Somewhere out there, Ed Bronston was moving closer and closer to his victim. Somewhere, a victim sitting in his house, or maybe still making his way back home. If she could somehow get onto the right track, start moving in the same direction so that she was on a collision course with one of them, maybe she could force a vision to come.
Laura rested her head against her hand, one elbow propped on the side door, as she pulled up toward a red light. She was getting nowhere. On the one night that she desperately needed to get somewhere, she felt like she was just driving around in circles.
She looked up, the red of the traffic light seeming to burn right into her brain. It was so bright. So bright that it seemed to be making her head pulse with pain. No wonder, after she had had so many visions, forced herself to see so many things. But this pain seemed so insistent, so harsh—
Laura found herself looking down at the same head she had seen before, the same cap of hair.

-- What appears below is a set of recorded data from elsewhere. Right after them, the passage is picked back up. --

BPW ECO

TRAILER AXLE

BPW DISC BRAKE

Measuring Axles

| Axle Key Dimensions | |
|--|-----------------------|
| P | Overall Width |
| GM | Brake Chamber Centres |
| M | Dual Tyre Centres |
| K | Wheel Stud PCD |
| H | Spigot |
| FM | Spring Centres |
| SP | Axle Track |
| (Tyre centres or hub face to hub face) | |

The man, the one who was going to die. It was him. But this time he was not sitting in front of her television. He was walking, heading to a refrigerator , moving across a shabby kitchen. He opened the refrigerator and pulled out a bottle of beer, cold enough that he pressed it to his forehead with an audible sigh of relief. He was still wearing his coat. He must only just have come in from work.

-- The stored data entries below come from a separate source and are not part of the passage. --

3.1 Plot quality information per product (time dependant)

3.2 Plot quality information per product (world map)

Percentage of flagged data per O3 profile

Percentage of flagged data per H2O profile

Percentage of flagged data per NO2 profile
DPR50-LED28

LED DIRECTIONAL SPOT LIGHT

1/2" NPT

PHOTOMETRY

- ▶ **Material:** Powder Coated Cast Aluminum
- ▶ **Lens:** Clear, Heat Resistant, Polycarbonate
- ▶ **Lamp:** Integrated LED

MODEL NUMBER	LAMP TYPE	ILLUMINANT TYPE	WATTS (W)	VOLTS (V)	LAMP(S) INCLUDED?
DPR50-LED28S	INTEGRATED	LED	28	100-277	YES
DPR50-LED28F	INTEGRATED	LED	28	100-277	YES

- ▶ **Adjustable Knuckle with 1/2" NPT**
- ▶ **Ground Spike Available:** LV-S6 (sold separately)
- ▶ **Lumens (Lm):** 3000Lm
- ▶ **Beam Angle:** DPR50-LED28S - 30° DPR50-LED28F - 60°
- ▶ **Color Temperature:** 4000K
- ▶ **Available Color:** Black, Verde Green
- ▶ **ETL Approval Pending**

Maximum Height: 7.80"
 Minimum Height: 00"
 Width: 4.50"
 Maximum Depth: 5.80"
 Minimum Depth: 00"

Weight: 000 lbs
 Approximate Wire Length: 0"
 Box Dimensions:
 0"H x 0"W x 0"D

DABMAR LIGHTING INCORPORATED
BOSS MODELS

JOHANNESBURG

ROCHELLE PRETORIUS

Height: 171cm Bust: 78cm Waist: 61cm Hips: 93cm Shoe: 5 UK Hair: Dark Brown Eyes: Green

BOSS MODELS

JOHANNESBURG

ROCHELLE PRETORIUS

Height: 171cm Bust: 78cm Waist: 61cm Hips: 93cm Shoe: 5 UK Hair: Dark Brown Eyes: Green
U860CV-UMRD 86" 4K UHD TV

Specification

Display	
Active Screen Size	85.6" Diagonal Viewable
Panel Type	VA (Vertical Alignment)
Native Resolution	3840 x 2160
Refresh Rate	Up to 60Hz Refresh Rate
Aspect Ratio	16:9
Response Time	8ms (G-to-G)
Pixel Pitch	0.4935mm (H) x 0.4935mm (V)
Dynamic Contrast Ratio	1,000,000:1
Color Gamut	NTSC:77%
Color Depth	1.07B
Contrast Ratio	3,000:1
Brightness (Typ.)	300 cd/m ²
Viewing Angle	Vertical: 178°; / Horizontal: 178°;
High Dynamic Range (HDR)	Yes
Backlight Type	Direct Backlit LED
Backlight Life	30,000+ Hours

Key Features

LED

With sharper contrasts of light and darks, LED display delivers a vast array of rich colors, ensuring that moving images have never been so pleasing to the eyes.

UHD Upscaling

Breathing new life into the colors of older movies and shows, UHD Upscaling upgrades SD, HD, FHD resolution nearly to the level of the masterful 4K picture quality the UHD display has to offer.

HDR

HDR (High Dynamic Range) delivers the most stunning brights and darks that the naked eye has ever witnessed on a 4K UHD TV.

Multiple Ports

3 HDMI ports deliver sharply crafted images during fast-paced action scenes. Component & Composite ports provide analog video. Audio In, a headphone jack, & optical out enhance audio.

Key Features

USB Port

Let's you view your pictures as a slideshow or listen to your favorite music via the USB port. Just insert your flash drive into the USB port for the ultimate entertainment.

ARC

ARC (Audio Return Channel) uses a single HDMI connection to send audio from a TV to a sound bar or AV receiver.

A phone rang out, loud and startling. Laura felt the noise ricocheting around inside her skull, reminding her yet again that pain was the price of seeing the future. Even here, she could not avoid it. She watched as Alex, or whoever he was, headed toward the landline, frowning at it as he picked it up. It was on a low table.
“Hello?” he said.
Laura could not hear what came next on the other end of the line, could only see Alex frowning. The table, she could see, was scattered with envelopes. Unopened mail. One of them was stamped with a red “URGENT.”